▶ _What this task involves_
Leave out the pictures and reproduce all of the data exactly.
Data extracts: Begin
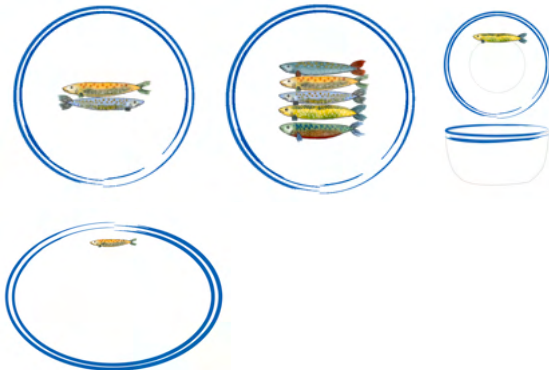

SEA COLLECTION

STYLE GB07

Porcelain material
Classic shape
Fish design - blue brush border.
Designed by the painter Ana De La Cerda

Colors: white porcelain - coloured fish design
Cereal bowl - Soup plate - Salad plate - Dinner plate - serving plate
Data extracts: End
▶ _Written answer_
SEA COLLECTION

STYLE GB07

Porcelain material
Classic shape
Fish design - blue brush border.
Designed by the painter Ana De La Cerda

Colors: white porcelain - coloured fish design
Cereal bowl - Soup plate - Salad plate - Dinner plate - serving plate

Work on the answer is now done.